As Credit Tightens, Companies Curtail Spending, Expansion

CarMax said this week that it might curtail lending by its financing arm. It laid off 600 workers this month in an effort to save costs.
CarMax said this week that it might curtail lending by its financing arm. It laid off 600 workers this month in an effort to save costs. (By Chris Rank -- Bloomberg News)
By Steven Mufson
Washington Post Staff Writer
Friday, October 17, 2008

With bank lending windows slammed shut for the past month, countless companies -- from pizza delivery firms and auto retailers to big real estate firms and utilities -- are hunkering down to survive the freeze in credit markets and slowdown in the economy.

Hard-pressed to sell bonds or arrange new loans, companies are dipping into credit lines, cutting back on spending, making deals with cash-rich partners or postponing projects.

Bethesda-based hotel giant Marriott International, for example, said that for the first time since the Sept. 11, 2001, terrorist attacks and only the second time ever, it had tapped $900 million of its $2.4 billion line of credit. CarMax of Richmond, which earlier this month laid off 600 employees to cut costs, said Wednesday that it might also curtail lending by its financing arm. And Domino's Pizza, which says it is well-positioned to weather the crisis, agreed to let some of its hard-pressed franchise owners defer payments to the chain.

"It really feels like there's a bunker mentality in the credit community, and that goes all the way to Main Street USA," said David Brandon, Domino's chief executive.

Commercial and industrial companies are scrambling to take protective actions as it becomes increasingly clear that the nation may be heading toward a prolonged recession and that government intervention efforts, including the $700 billion financial rescue plan, will take time to help the rest of the economy.

Even though the Dow Jones industrial average popped up 401.35 points yesterday and crude oil prices dipped below $70 a barrel, new government data showed that industrial production in the United States fell in September by the most in almost 34 years. Hurricanes and a strike by Boeing's aerospace union helped drive down production at factories, mines and utilities by 2.8 percent -- and that was before the global financial crisis came to a head.

Ever-tightening credit conditions could put scores of indebted companies in danger of default over the next year, according to analysts at investment houses and credit agencies.

Standard & Poor's predicts that as many as 125 major companies could default on their debt obligations in the next year and that non-financial companies with speculative credit ratings -- and thus extremely high borrowing costs -- face the need to refinance $56 billion in debts by the end of the year and $175 billion more in 2009.

"Those companies are in distress or in urgent need of capital and don't have access to credit markets," said Diane Vazza, a managing director at Standard & Poor's.

Friedman, Billings, Ramsey Group, an Arlington investment firm, estimates that $138.2 billion in long-term debt is set to come due within the next 12 months for S&P 500 companies outside the financial sector.
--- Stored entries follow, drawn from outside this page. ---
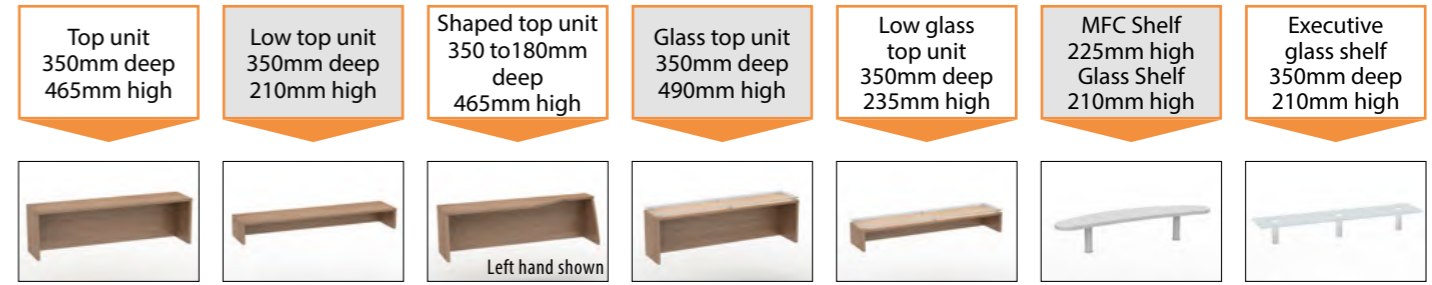

Please select top units or glass shelves if required

Code	Price	Code	Price	Code	Price	Code	Price	Code	Price	Code	MFC (-S)	Glass (-C)	Code	Price
1101	£299	1601	£299	1107	£330	1701-C	£567	1801-C	£567	1301	N/A	£431	1501-C	£432
1102	£322	1602	£322	1108	£354	1702-C	£587	1802-C	£587	1302	£256	£449	1502-C	£449

Please specify handing

Code	Price	Code	Price	Code	Price	Code	Price	Code	Price	Code	MFC (-S)	Glass (-C)	Code	Price
1101	£299	1601	£299	1107	£330	1701-C	£567	1801-C	£567	1301	N/A	£431	1501-C	£432
1102	£322	1602	£322	1108	£354	1702-C	£587	1802-C	£587	1302	£256	£449	1502-C	£449

Please specify handing

Code	Price	Code	Price	Code	Price	Code	Price	Code	Price	Code	MFC (-S)	Glass (-C)	Code	Price
1214-465	£259	1214-210	£259	1214-490-C	£475	1214-235-C	£475							
1214-465	£259	1214-210	£259	1214-490-C	£475	1214-235-C	£475							

N/A

N/A

N/A

Code	Price	Code	Price	Code	Price	Code	Price	Code	Price	Code	MFC (-S)	Glass (-C)	Code	Price
1214-465	£259	1214-210	£259	1214-490-C	£475	1214-235-C	£475							
1214-465	£259	1214-210	£259	1214-490-C	£475	1214-235-C	£475							

N/A

N/A

N/A

Codes for board finishes:
Walnut (N), Canadian Maple (CM), Japanese Ash (J), Beech (B), Light Oak (LO), Silver (S), Grey (G), White (W), Santiago Cherry (SC), Stone Oak (SO), Black (BL), Anthracite (AN), Verade Oak (VO), Slate (ST), Nebraska Oak (NO), Natural (NA), Nordic (RD), Rustic (R)

Additional modesty Panel finishes only:
Silver (S), Mirror (M), Orange (OR), Green (GR)
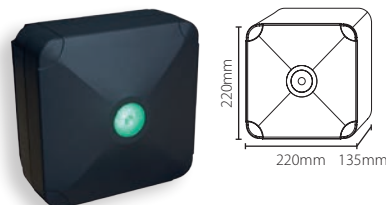

Proximity long range reader

Sales code 313-110
Price £275.00
More information <http://paxton.info/1043>
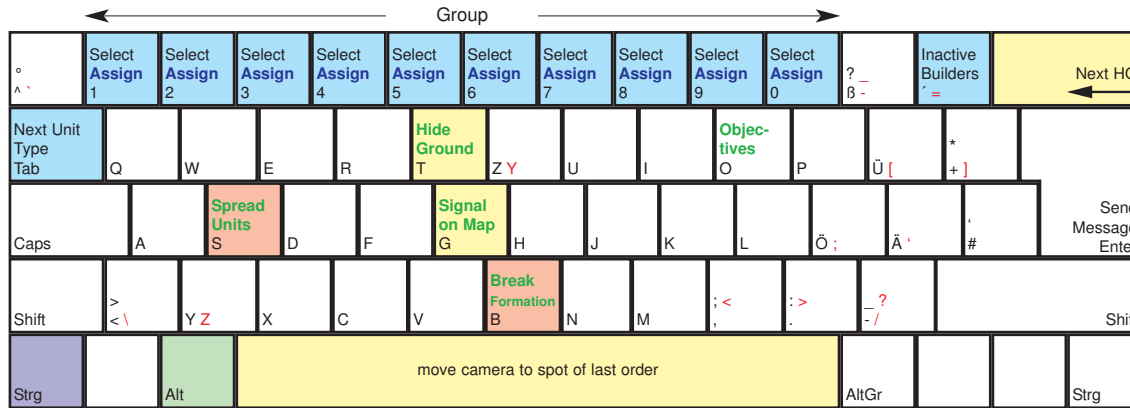

ACT of WAR

Select Hero

deutsches Tastaturlayout / english keyboard layout

LMB: Select
2 x LMB: select same Units
Wheel: Zoom

more keyboard layouts:
<http://www.keycardhq.de>
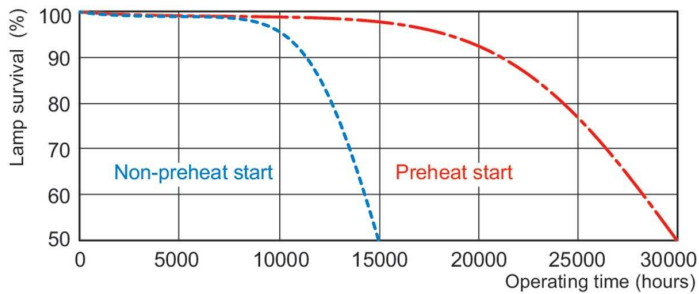

Lifetime

Life Expectancy Diagram - MASTER TL5 HO 39W/840 SLV/40
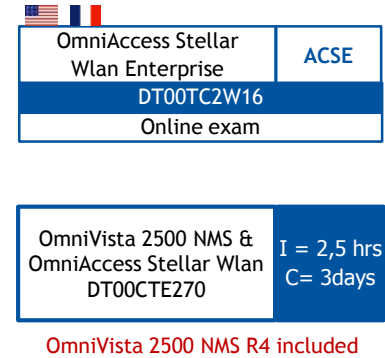

Learn and practice in classroom with the help of a seasoned instructor
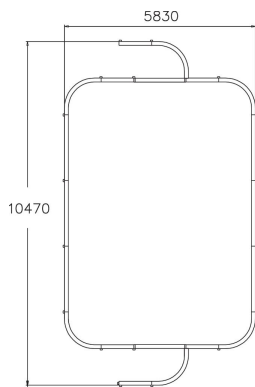

Mini Arcsport – arena is measured for smaller yards, like daycares, schools and housing cooperatives. Measures are 10470 x 5830 x 1250 mm and it demand 13470 x 8830 mm space. Mini Arcsport lasting wooden construction and its restrained colors suite easily to different environments and also for the use of ball games, like football or floorball.

User age	3
Product length, mm	5830
Product width, mm	10470
Product height, mm	1250
Height required, mm	2500
Installation time (for 1), H	12
Foundation options	Deep mounting

The interest rate on this debt averages about 4.7 percent, far lower than the rates the companies would be able to obtain now.

"With the tremendous effort put forth by the U.S. government to triage our credit woes, a growing question to us now is where else in the equity markets are other casualties likely to surface?" said David Khani, director of research at FBR.

One company facing challenges is Chesapeake Energy, an Oklahoma City firm that says it is the largest producer of natural gas in the United States. As of June 30, it had $11.7 billion in debt, and analysts say it might need to sell some of its prospects and production, as it did earlier this year in a deal with BP.